Some C-API functions have a limit in the number of arguments that can handle, given by the macro NPY_MAXARGS. But that limit is not described in the documentation of the function NpyIter_MultiNew. Other functions related with iterators might be affected, but you don't know it by reading the documentation.

Idea or request for content:

Those functions that have a limit in its arguments should have that limit documented.

m-clare commented 6 days ago

I'd like to contribute to this if possible. I took a look at which C-API functions called NpyIter_MultiNew with a variable number of arguments (there are a few that call with nop=2 or nop=3 and turned up the following functions:

I think the first one is just for a test, but would the other two require documentation?

ngoldbaum commented 6 days ago

@m-clare, no I don't think so, since none of the functions you linked to are in the public C API.

Of course we could probably internally document this in a docstring, but the issue is about functions in the public API, and I think internal documentation like that is a pretty low priority.

Functions are in the public API if their docstring is prepended with /*NUMPY_API or /*UFUNC_API.
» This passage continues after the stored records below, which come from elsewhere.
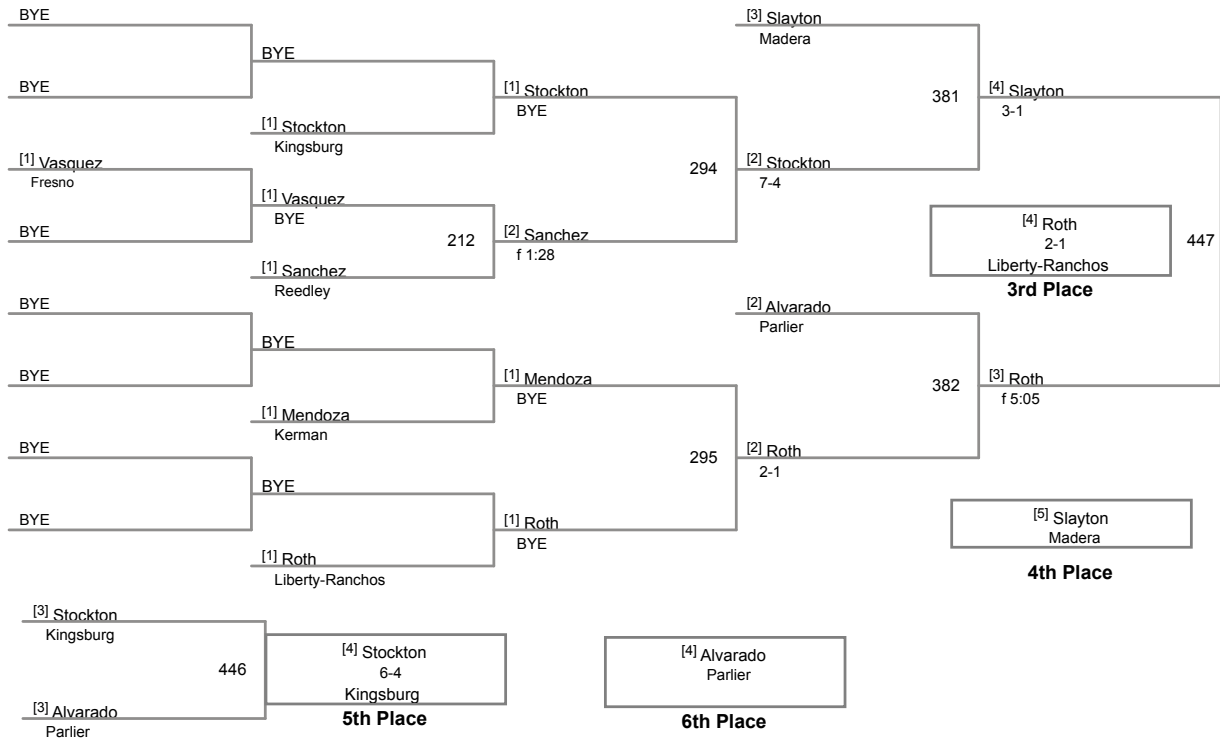

Dennis Deliddo Invitational  
Varsity

**138 Lbs**

Dennis Deliddo Invitational  
Varsity

**145 Lbs**

Dennis Deliddo Invitational  
Varsity

**152 Lbs**

Dennis Deliddo Invitational  
Varsity

**160 Lbs**

Dennis Deliddo Invitational  
Varsity

**170 Lbs**

Dennis Deliddo Invitational  
Varsity

**182 Lbs**

Dennis Deliddo Invitational  
Varsity

**195 Lbs**

Dennis Deliddo Invitational  
Varsity

**220 Lbs**

One example of a function in the public API that is affected by this issue is PyArray_EinsteinSum, since the nop restriction is enforced at runtime and it uses NPY_MAXARGS in its definition.

m-clare commented 2 days ago

Ah ok; thanks for the tip about public functions. I had rgreped looking for NPY_MAXARGS but I actually thought PyArray_EinsteinSum was already covered, because it does have a value error:

    /* nop+1 (+1 is for the output) must fit in NPY_MAXARGS */
    if (nop >= NPY_MAXARGS) {
        PyErr_SetString(PyExc_ValueError,
                    "too many operands provided to einstein sum function");
        return NULL;
    }

I'll take a closer look at other functions in the public API that are missing any handling.

ngoldbaum commented 2 days ago

The runtime error is one thing, but I think the ask in the issue is that the limit should be explicitly included in the docs. Note the C API docs are entered manually in sphinx and are not generated from the docstrings.

sergiopasra commented 1 day ago

Yes, what I was asking is to document the limit in the public API docs, in both the Python and C API.